Four foreigners are reportedly among seven people killed when a bomb exploded near a school in Pakistan’s Northwest Frontier Province, but initial reports are contradictory. The bomb may have hit a convoy, in the Lower Dir district, traveling to the opening of a girls school but other reports say the blast came during the opening ceremony of the school. Two of the dead may have been schoolgirls, but it seems clear that many of the nearly 50 injured were students. The BBC reports that the four Westerners killed were aid workers, citing police, but other sources say there were three Westerners and they may have been US soldiers. The district is a Taliban stronghold.
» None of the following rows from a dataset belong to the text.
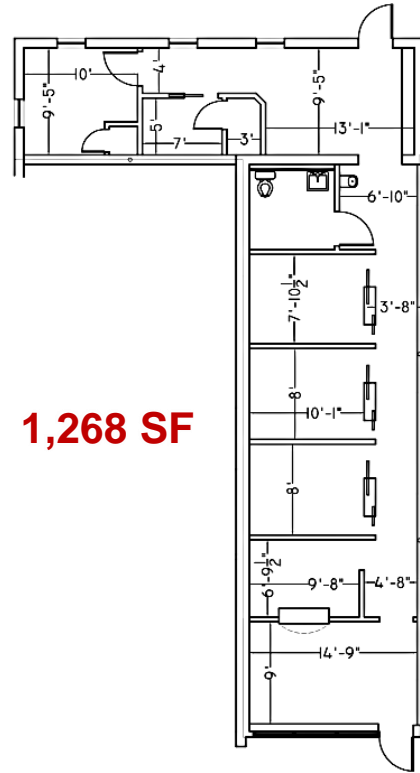

For Lease

Medical/Retail Space (Detail)

417 & 429 Wall Street

Princeton, NJ 08540

1,268 SF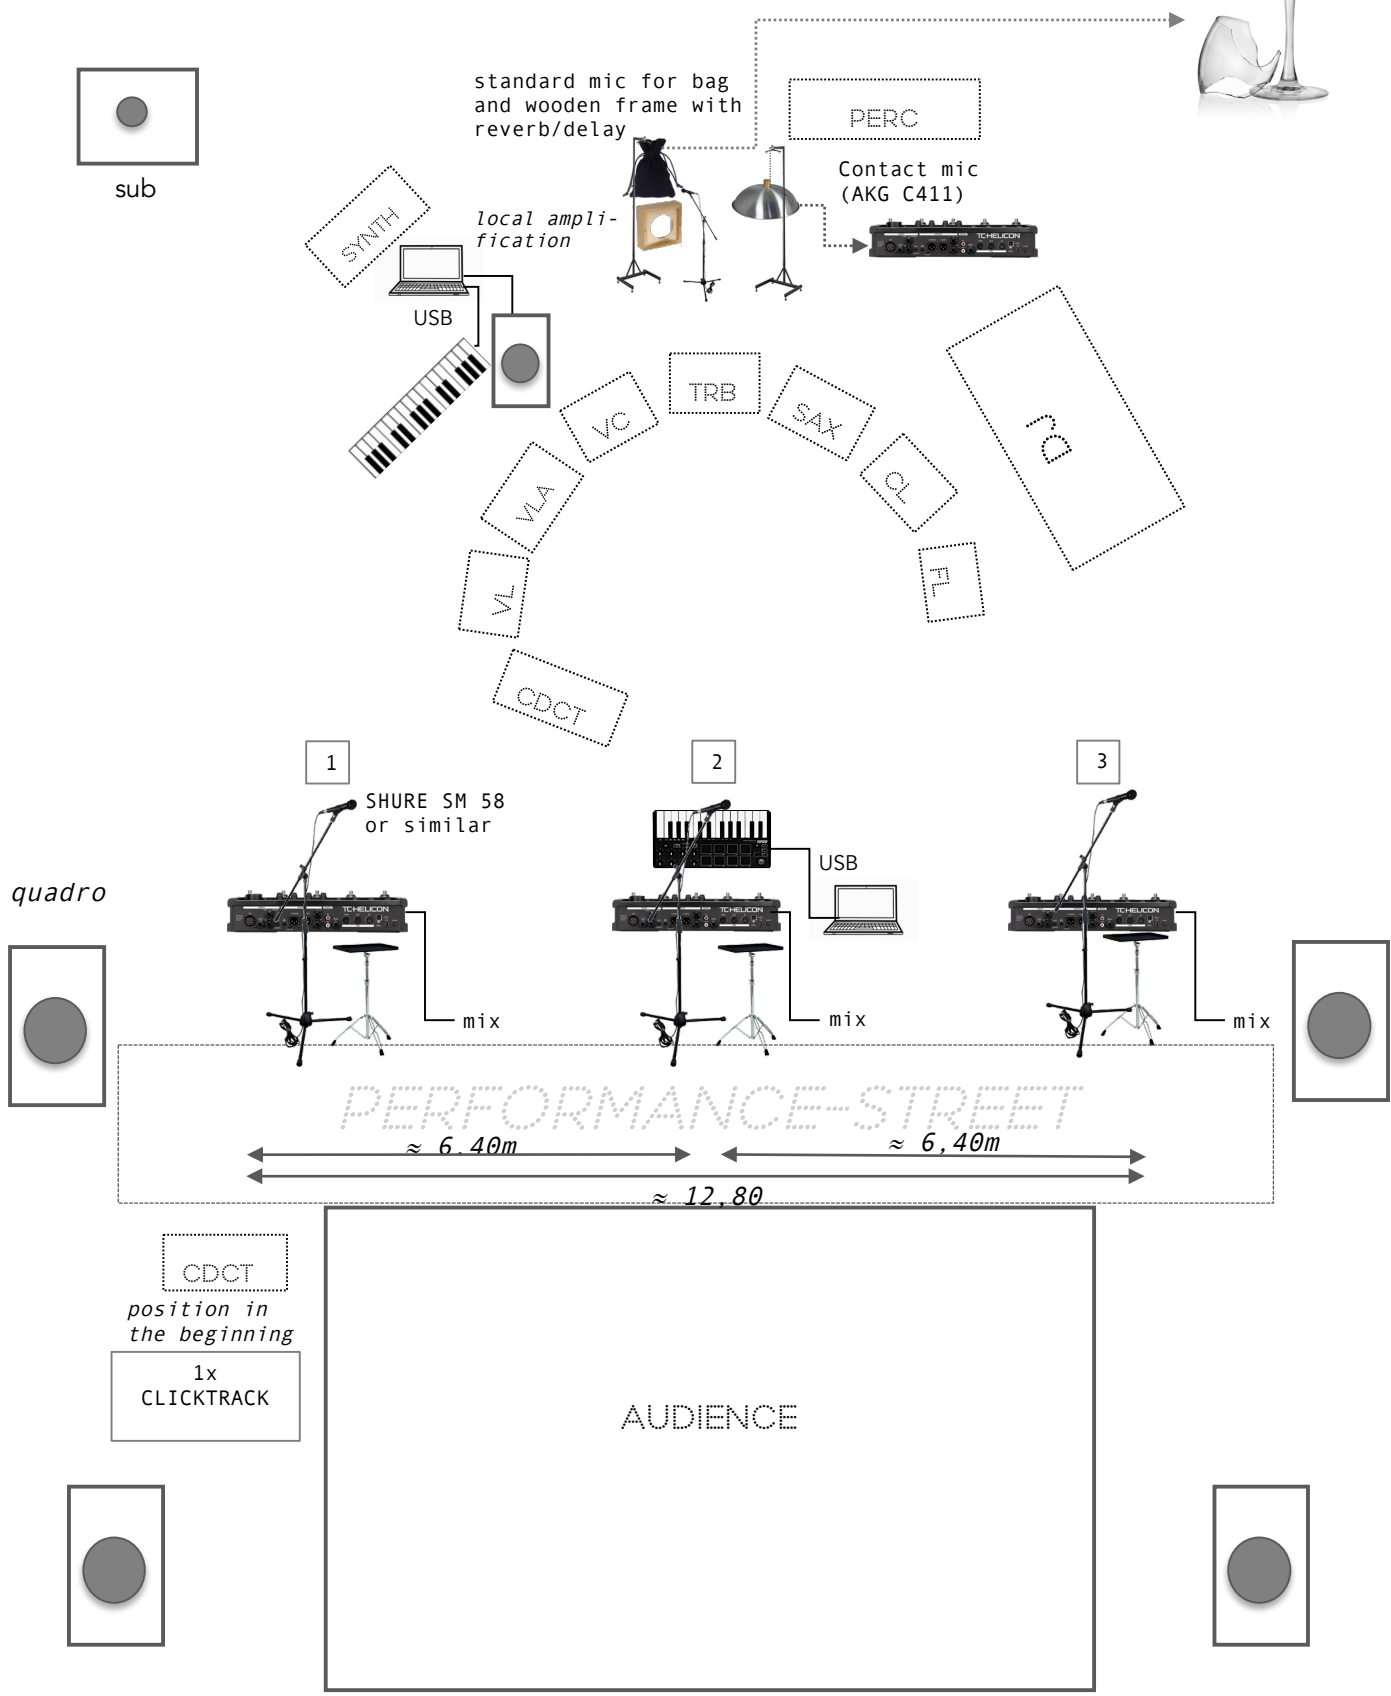

# TECHNICAL SETUP / TRE'SPACIAL

THE VOICE OF THE PLAYERS HAS TO BE CLEAR AND UNDERSTANDABLE ALL THE TIME.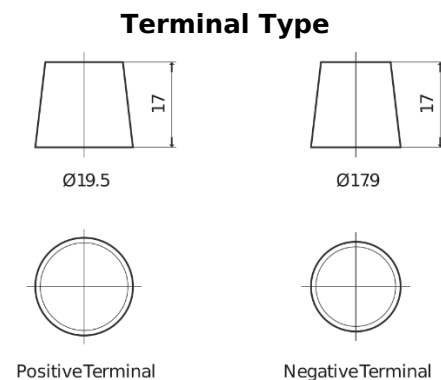

Product overview

Batteries for Cars

Premium EA955

Part number	EA955
Technology	Flooded
EAN/GTIN	3661024034197
Voltage	12 V
Capacity	95.0 Ah
CCA	800 A
Length	306 mm
Width	173 mm
Height	222 mm
Box size	D31
Polarity	ETN 1
Terminal Type	EN taper post
Hold Down	Korean B1
Weights (subject of variation)	21.40 kg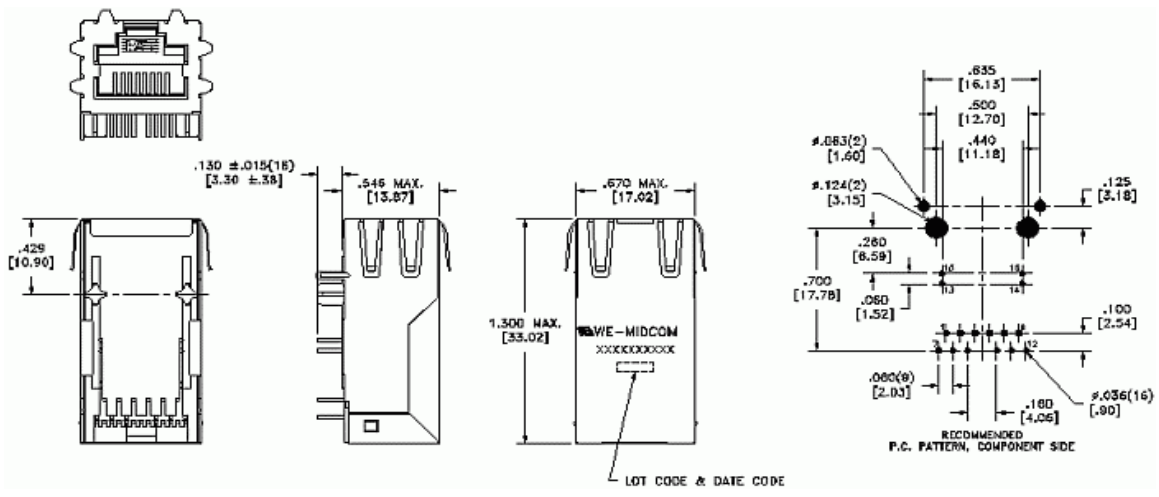

**Integrated RJ45,  
1X1 Gigabit**

**Midcom**

LANDatacom

Part Number	LED	Tabs	EMI Fingers	Auto MDIX	Temp Range	RoHS	Mechanical	Schematic
7499111007	NONE	UP	YES	YES	STR	YES	3	2
7499111613	L-GO R-Y	UP	YES	YES	STR	YES	2	3
7499311000	NONE	UP	YES	NO	STR	YES	1	1
7499311610	L-GO R-Y	UP	YES	NO	STR	YES	4	1
7499511610	L-GO R-Y	UP	YES	NO	STR	YES	5	1
7499111005	NONE	UP	YES	YES	STR	YES	7	5
7499111614	L-Y R-GO	UP	YES	YES	STR	YES	6	5
7499311001	NONE	UP	YES	NO	STR	YES	1	4
7499311611	NONE	UP	YES	NO	STR	YES	4	4
7499511001	NONE	UP	YES	NO	STR	YES	1	4
7499511611	NONE	UP	YES	NO	STR	YES	4	4

**Mechanical 1**

**Mechanical 2**

**Integrated RJ45,  
1X1 Gigabit**

**Midcom**

LANDatacom

**Mechanical 3**

**Mechanical 4**

**Mechanical 5**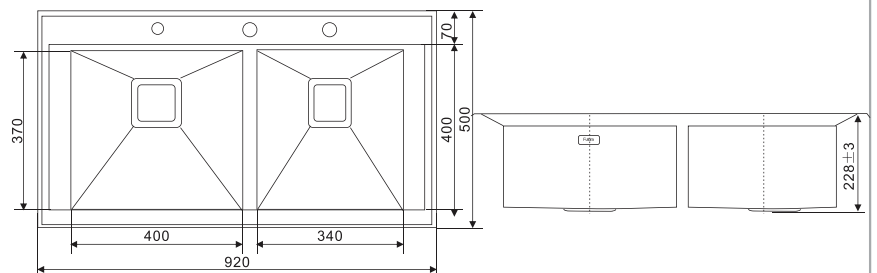

Chopping
Board

• **FA-16IS** •

Square Waste
Coupling with
Auto Drainer Kit & Overflow

INTELLIGENT SINK SERIES: FS 3620 IS

DESCRIPTION OF THE PRODUCT

Model: FS 3620 IS Finish Brush
 Material: 1.2MM SS 304 Stainless Steel
 Product Size: 36"x20"x9"
 M.R.P. ₹ 47111 /-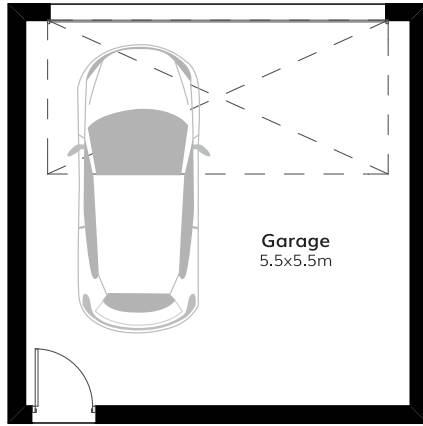

 5
  3
  2

Suitable for 10m frontage

House Size 9.1m x 15.7m

Ground Floor 109.69 m²

First Floor 88.91 m²

Garage 35.88 m²

Porch 2.43 m²

Al Fresco 8.42 m²

Total 245.33 m²

**I can be customised to suit your needs,
talk to your sales consultant today!**

meridianhomes.com.au
 1300 855 138

Your new home can be customised to feature these other facades

The latest in a string of attacks in Pakistan’s Northwest Frontier Province that have targeted military, police and intelligence services took place early Friday 13 November in Peshawar, where a gunfire was followed by a bomb blast at the Inter-Services Intelligence’s provincial headquarters. Ten people died, at least 60 are wounded and several are believed to be buried under the rubble of the building, according to government officials. In another attack in the province’s Bannu District a suicide bomber drove into a police station and killed six people, injured 23.
Gunmen have attacked police facilities in the eastern city of Lahore, Pakistan Thursday 15 October. Several people are reported dead but the exact number is unknown, and there are unconfirmed reports by local television of hostages held inside the Federal Investigation Agency building. Gunmen are also said to have attacked another nearby police training site.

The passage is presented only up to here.